金子最后还是拿到了一笔额外的补偿金,当初义无反顾地跟着男友来西城闯荡,放弃了家里安排好的工作结果却遭到抛弃,现在她也已经慢慢看开,她也知道自己不适合干这一行,于是最终决定回头去老家端铁饭碗了,经历过了这些日子她才知道自己还是更想要过安稳自在的生活。
覃风去送了她一程,两个人在火车站门口惜别。
“我走了,你一个人在公司怎么办啊?”
“说得我好像非你不可似的。”
“嗯……也是,你现在有了小方总,有我没我都一样,以后总有人陪你吃饭,不用每天巴巴地等着给你带外卖。”
哪壶不开提哪壶,覃风不高兴地瞪了她一眼,目光一转看见停在不远处的车子。
方其安开着车窗,远远看到金子挨着覃风说话,一边说一边朝他的方向看过来,覃风远远地望着他,神色淡漠。
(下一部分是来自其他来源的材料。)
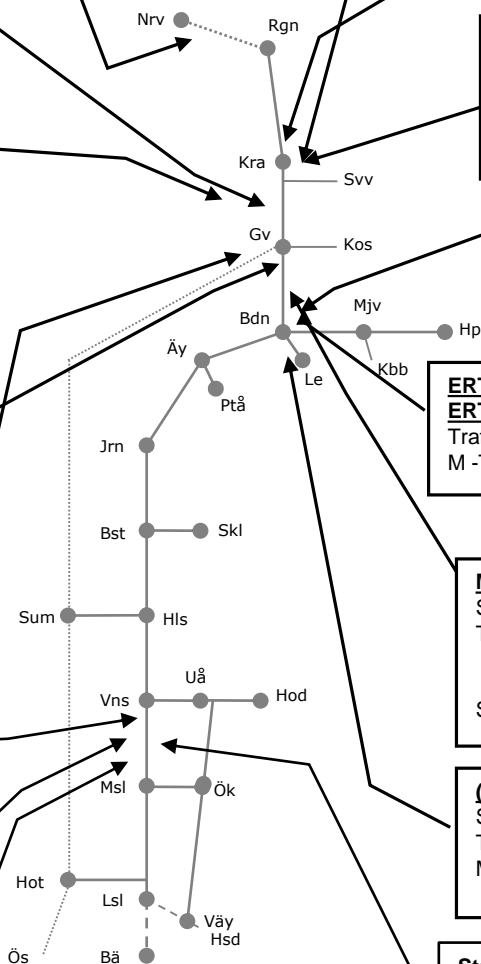

Stambanan gm övre Norrland

N306260
Servicefönster Underhåll
Trafikavbrott Aspeå-(Långsele)
M-S 02:00-08:00

Stambanan gm övre Norrland

N306259
Servicefönster Underhåll
Trafikavbrott Mellansel-Aspeå
M-S 02:00-08:00

Stambanan gm övre Norrland

N326507
Icke föreskriftsenliga kablar
Trafikavbrott Björnsjö-Trehörningsjö
M-S 04:00-08:00

Malmbanan N306286

Trafikavbrott (Råtsi)-(Svappavaara)
Servicefönster underhåll
M-F 00.00-04.00

Malmbanan N 306289

Servicefönster underhåll
Trafikavbrott Peuravaara HTSM
S 22.00-24.00 (M 00.00-03.00)

Malmbanan N 306281

Servicefönster underhåll
Trafikavbrott Peuravaara-Kiruna KMB
HTSM
(S 22.00-24.00) M 00.00-03.00
M-To 22.00-03.00

Malmbanan N306262

Servicefönster underhåll
Trafikavbrott (Boden Central)-Murjek
HTSM
M-L 00.30-04.30

ERTMS Malmbanan N312428

ERTMS SO Polcirkeln Entreprenadarbeten
Trafikavbrott Koijuvaara-Näsberg
M -To S 23.30-04.40

Malmbanan N306287,306288

Servicefönster underhåll
Trafikavbrott (Gv)-(Ntv),Ntv-(Mk)
(S 23.00-24.00) M 00.00-03.00
M-To 23.00-03.00
S 23.00-24.00 (M 00.00-03.00)

(Luleå)-Boden) N306261

Servicefönster underhåll
Trafikavbrott (Luleå)-(Boden C)
M-F 22.30-03.30

Stambanan gm övre Norrland

+ 328866 + 328717
Icke föreskriftsenliga kablar
Enkelspårdrift Björna, Långviksmon,
Björnsjö
M-S 08:00-12:00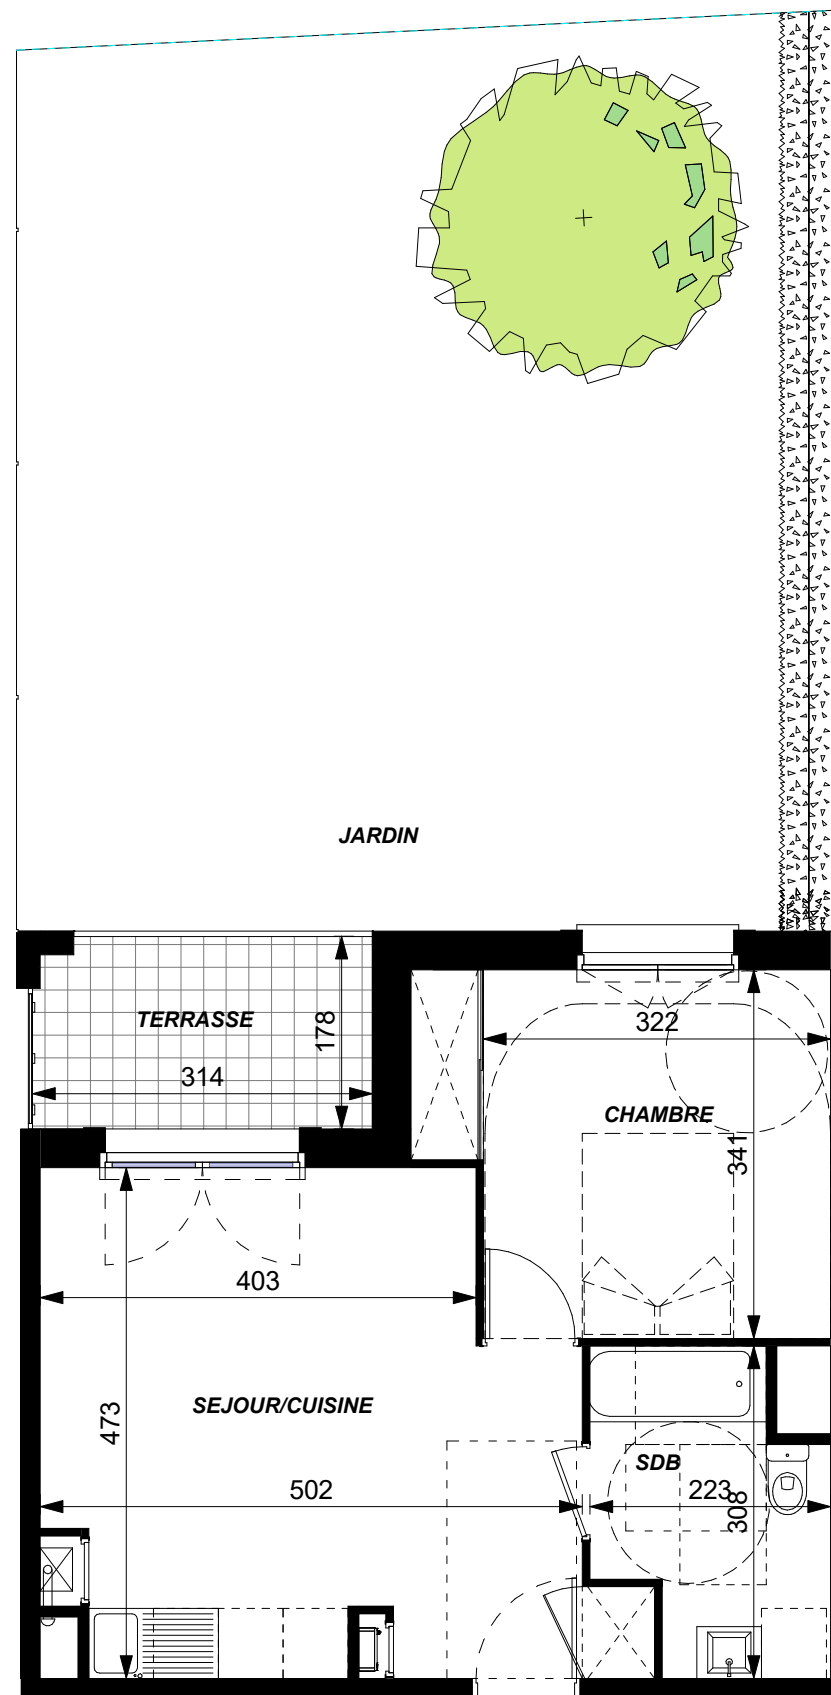

# ARISTIDE

RUE ARISTIDE BRIAND  
37540 SAINT CYR SUR LOIRE

11, RUE BERTRAND GESLIN 44000 NANTES

Bât.	Niveau	Type	Lot
RDC	RDC	T2	011

PIECES	SURFACES
SEJOUR/CUISINE	22.1 m <sup>2</sup>
CHAMBRE	12.1 m <sup>2</sup>
SDB	5.7 m <sup>2</sup>
<b>TOTAL</b>	<b>39.9 m<sup>2</sup></b>
TERRASSE	5.7 m <sup>2</sup>
JARDIN	63.7 m <sup>2</sup>

Atelier Blanchet Feray - 06/27/22

NOTA: Le présent plan est établi sur la base du permis de construire et pourra subir des adaptations dimensionnelles techniques et d'organistaion sur la base des études détaillées d'exécution. Les poutres, poteaux, soffites et faux-plafonds ne figurent pas forcément sur le présent plan. Les éléments de mobilier (meubles, appareils ménagers et plans de travail) ne sont placés qu'à titre indicatif.

“他还是很关心你的,我猜他一定是想跟你复合,你不如顺水推舟从了他呗。”
金子一脸皇帝不急太监急的样子,覃风感到十分烦躁,“你偷偷跟他联系的事我就不跟计较了,你要再跟我提他,以后我们就不用再联系了。”
金子看着他无奈地摇摇头,小声嘀咕了一句,“死鸭子嘴硬,这毛病什么时候能改改。”看见覃风飞来的一记眼刀,金子吐了吐舌头,拎起箱子逃之夭夭。
从车站出来,覃风上了路边停着的一辆车。
今早上送金子下楼,方其安已经等在楼下,金子对此一点都不意外,拖着箱子就径直到后备箱放下,然后进了后座。想来两个人早就暗暗联系过,看金子这一丝客气都没有的样子,估计两人也没少联系。
“接下来怎么安排,想去哪儿?”
覃风直截了当地道:“回家。”群儿伞棱]留&究贰,伞究留-
“嗯——”方其安把着方向盘,眼角余光在看他,他忽然想到什么,说:“是应该回去看看了。”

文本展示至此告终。